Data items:
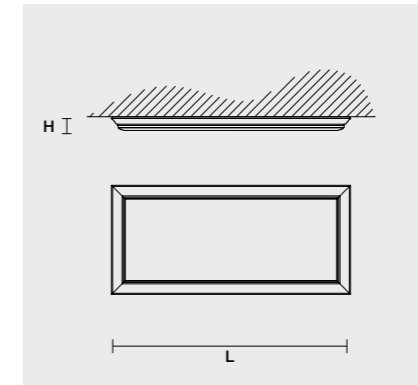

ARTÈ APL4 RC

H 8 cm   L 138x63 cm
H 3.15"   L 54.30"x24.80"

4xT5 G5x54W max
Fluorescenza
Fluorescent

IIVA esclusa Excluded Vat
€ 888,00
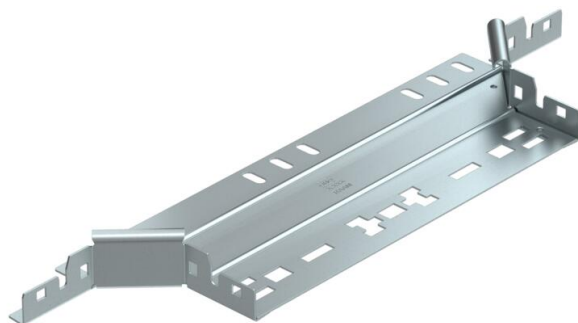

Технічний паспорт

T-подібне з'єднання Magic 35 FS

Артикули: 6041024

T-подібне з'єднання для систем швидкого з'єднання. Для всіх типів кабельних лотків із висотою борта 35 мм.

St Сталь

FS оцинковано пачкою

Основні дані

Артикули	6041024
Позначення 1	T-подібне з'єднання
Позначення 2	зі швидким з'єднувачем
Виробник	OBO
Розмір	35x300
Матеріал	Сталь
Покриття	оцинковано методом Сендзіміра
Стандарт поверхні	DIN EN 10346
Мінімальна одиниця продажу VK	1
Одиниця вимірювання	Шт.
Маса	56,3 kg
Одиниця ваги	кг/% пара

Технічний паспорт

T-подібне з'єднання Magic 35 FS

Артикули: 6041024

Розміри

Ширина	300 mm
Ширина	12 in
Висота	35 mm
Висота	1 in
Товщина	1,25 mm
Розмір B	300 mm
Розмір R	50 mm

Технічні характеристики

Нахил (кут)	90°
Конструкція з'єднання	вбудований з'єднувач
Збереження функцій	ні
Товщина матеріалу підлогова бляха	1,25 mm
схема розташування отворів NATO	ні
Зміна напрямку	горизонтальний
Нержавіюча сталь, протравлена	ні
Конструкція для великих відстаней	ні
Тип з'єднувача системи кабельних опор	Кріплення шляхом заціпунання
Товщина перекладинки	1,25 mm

--

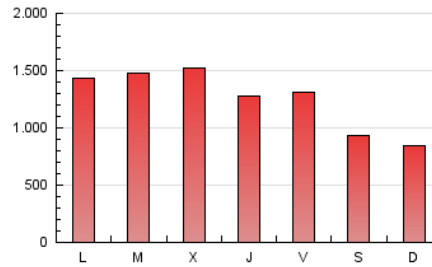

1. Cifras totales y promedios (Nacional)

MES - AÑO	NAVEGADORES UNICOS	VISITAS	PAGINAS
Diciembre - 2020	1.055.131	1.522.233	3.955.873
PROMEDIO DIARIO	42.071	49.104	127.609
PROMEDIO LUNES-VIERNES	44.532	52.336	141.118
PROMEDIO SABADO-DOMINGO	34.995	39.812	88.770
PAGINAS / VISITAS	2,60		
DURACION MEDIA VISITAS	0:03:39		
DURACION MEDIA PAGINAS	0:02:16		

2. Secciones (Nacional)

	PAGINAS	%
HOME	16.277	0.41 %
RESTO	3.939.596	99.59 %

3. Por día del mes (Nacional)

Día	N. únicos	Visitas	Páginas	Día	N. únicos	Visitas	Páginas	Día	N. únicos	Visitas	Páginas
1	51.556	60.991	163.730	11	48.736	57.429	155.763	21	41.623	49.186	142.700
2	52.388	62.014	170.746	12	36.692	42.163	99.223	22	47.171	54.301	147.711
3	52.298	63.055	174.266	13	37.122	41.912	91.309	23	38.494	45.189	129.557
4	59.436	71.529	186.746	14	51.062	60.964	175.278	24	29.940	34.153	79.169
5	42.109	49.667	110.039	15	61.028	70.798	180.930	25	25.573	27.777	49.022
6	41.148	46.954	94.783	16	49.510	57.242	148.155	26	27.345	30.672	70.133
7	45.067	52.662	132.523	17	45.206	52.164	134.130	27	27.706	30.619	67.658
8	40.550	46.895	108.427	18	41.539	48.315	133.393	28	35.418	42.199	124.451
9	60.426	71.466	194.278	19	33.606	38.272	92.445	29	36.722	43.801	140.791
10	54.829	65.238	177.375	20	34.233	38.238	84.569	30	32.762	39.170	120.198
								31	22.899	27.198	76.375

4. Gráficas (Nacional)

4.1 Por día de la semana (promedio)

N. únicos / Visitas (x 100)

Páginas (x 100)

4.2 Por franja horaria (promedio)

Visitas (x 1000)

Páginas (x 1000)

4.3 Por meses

Problem:
Scan the records above for the string "подібне", then select every line that holds it.

Response box:
T-подібне з'єднання Magic 35 FS
T-подібне з'єднання для систем швидкого з'єднання. Для всіх типів кабельних лотків із висотою борта 35 мм.
Позначення 1	T-подібне з'єднання
T-подібне з'єднання Magic 35 FS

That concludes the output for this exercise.